TASK DATA:
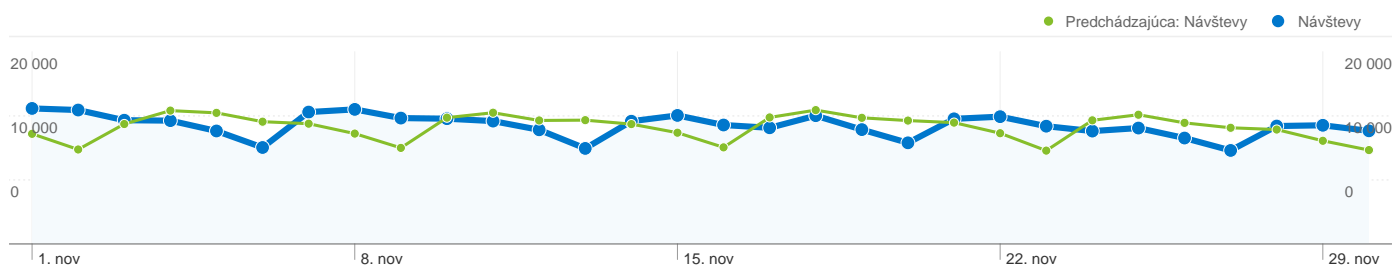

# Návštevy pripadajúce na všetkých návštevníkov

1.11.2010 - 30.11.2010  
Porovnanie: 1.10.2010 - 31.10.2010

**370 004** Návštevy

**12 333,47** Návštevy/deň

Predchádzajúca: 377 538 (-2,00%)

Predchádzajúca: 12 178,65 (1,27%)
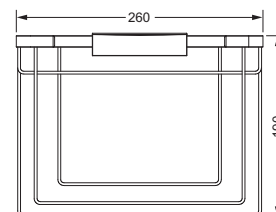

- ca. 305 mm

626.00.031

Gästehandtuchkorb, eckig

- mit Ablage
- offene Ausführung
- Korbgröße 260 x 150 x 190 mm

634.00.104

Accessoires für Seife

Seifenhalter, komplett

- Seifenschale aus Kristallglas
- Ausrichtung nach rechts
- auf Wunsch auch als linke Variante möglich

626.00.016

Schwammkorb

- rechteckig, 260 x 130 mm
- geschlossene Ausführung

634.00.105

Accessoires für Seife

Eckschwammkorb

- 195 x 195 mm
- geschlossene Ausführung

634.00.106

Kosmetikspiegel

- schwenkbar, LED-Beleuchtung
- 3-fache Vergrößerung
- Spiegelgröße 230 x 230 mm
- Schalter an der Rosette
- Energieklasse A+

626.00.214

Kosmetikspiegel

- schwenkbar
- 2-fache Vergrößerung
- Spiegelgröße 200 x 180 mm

EXERCISE:
Copy exactly, and only, the lines from the line that contains "- auf Wunsch auch als linke Variante möglich" through the end of the data above.

ANSWER TO THIS TASK:
- auf Wunsch auch als linke Variante möglich

626.00.016

Schwammkorb

- rechteckig, 260 x 130 mm
- geschlossene Ausführung

634.00.105

Accessoires für Seife

Eckschwammkorb

- 195 x 195 mm
- geschlossene Ausführung

634.00.106

Kosmetikspiegel

- schwenkbar, LED-Beleuchtung
- 3-fache Vergrößerung
- Spiegelgröße 230 x 230 mm
- Schalter an der Rosette
- Energieklasse A+

626.00.214

Kosmetikspiegel

- schwenkbar
- 2-fache Vergrößerung
- Spiegelgröße 200 x 180 mm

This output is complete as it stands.